Maya Wind’s analysis of archaeology, legal studies, and Middle East studies makes visible what decolonial scholars have long argued: that disciplines function as technologies of dispossession. This is key, because too often, critiques of the coloniality of knowledge remain in the realm of epistemology, emphasizing exclusion without fully engaging how academic disciplines actively create the conditions for land theft, militarized violence, and ethnic cleansing. This is more than just a politics of representation—it is about the university as a war machine in the service of settler colonial expansion.
As you point out, this operates not only through content, but through affect and social organization. The coloniality of curriculum shapes who is allowed to feel, who is seen as fully human, and whose suffering registers as an event rather than a background noise to progress. The absence of Palestinian histories and struggles in the dominant canon is not a passive omission; it is an active erasure that facilitates ongoing violence. This connects directly to what Wynter (2003) describes as the modern/colonial cartography of being, where humanity itself is stratified along racial lines, making some lives grievable and others disposable.
One of the most crucial insights here is the necessity of moving beyond “decolonizing the university” as a mere metaphor or curricular intervention. If universities produce the technologies of settler colonialism—whether through archaeological erasures, legal infrastructures of occupation, or direct partnerships with weapons manufacturers—then the struggle must be against the institution itself, not just its content. Decolonization cannot be reduced to inclusion or critique; it must be about dismantling the material and intellectual structures that uphold settler colonial rule.

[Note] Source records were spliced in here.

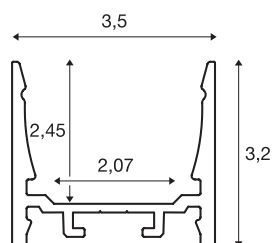

GRAZIA 20

opbouwprofiel, led, standaard, glad, 3 m, aluminium

Glad GRAZIA 20 opbouwprofiel van 1, 2 en 3 m lang zonder afdekking voor de montage van ledstrips tot 20 mm breed. Het profiel is in het wit, zwart en geanodiseerd aluminium verkrijgbaar.

TECHNISCHE SPECIFICATIES

Art.nr.	1000523
IP-code	IP 20
Montage	Opbouw
Montagebeschrijving	Plafond, Plafond met accessoires, Pendelprofiel, Wand, Wand met accessoires
Kleur	alu
Lengte	300 cm
Breedte	3.5 cm
Hoogte	3.2 cm
Nettogewicht	1.793 kg
Brutogewicht	2.525 kg
BIG WHITE pagina	573
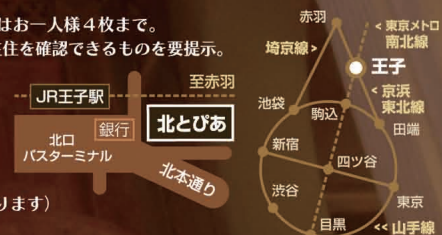

第97回 二期会オペラ研修所コンサート

OPERA INSTITUTE

レオンカヴァッロ作曲『道化師』より“大空を晴れやかに(鳥の歌)”
R.シュトラウス作曲『無口な女』より“音楽とはなんと美しいものだろう”
R.シュトラウス作曲『ナクソス島のアリアドネ』より“気分を直しましょう”...ほか
※やむを得ない事情により出演者、演目等が変更になる場合がございます

2020.

11/13

金 6:30 p.m. 開演 (5:30 p.m. 開場) 北とびあ さくらホール

全席指定 A席=3,000円・B席=2,000円 ※本公演は、座席を前後左右を空ける配席とする等、感染拡大防止対策を講じて開催いたします。

チケット発売
9/9(水)

北区民割引(東京都北区にお住まいの方) A席=2,700円・B席=1,800円

北区民割引取扱いは、ほくチケ(オンライン)または、北とびあ1階チケット売場(店頭販売)にて。割引での購入はお一人様4枚まで。
(オンライン)事前に「北区民」登録が必要です。登録までにお時間をいただきます。(店頭販売)保険証、免許証など北区在住を確認できるものを要提示。
※未就学児入場不可。

●チケットお取り扱い・お問い合わせ

・二期会チケットセンター：03-3796-1831(平日10:00~18:00/土曜10:00~15:00) www.nikikai.net

・ほくチケ(ほくとびあチケットオンライン) https://p-ticket.jp/kitabunka

・北とびあ1階チケット売場(窓口のみ) 10:00~20:00 ※臨時休館日 10:00~18:00、全館休館日は休業

※車椅子席をご希望の方は発売日以降公演一週間前までに(公財)北区文化振興財団(03-5390-1221)へご予約ください。(数に限りがあります)

●主催：公益財団法人 東京二期会 ●共催：公益財団法人 北区文化振興財団・東京都北区

ご来場のお客様へのお願い

新型コロナウイルス感染防止のため、マスクの着用、手指の消毒にご協力ください。
熱のある方(37.5℃以上目安)、体調に不安のある方のご来場はお断りいたします。

〒114-8503 北区王子1-11-1

JR京浜東北線王子駅北口/東京メトロ南北線王子駅
下車徒歩2分

This also raises questions about the role of trauma in the coloniality of curriculum. If knowledge production is itself a form of slow violence (Nixon, 2011), then universities do not just exclude Indigenous and colonized peoples—they actively inflict intergenerational harm. The production of knowledge is, in many cases, the production of dispossession. This is why the university is not just an “ivory tower” floating above the world; it is an institution that fabricates the very justifications that make genocide and displacement possible.
I appreciate this reflection for refusing to separate the symbolic from the material, for naming epistemicide and scholasticide not as metaphorical concerns but as conditions of real, lived destruction. It forces us to ask: If universities are not restructured to account for their complicity in settler colonial violence, then are we not simply perpetuating the very structures we claim to resist? And if decolonization must go beyond critique, what does it mean to engage in forms of refusal that do not merely seek inclusion within the university, but actively disrupt its ability to reproduce coloniality?
Hi Jairo - Thank your for your research and activism. Could you recommend decolonial scholarship that specifically deals with decolonial management or administration? I am a student, and I dont want to waste time in exploring liberal scholarship that does not center decolonial concerns. Thank you!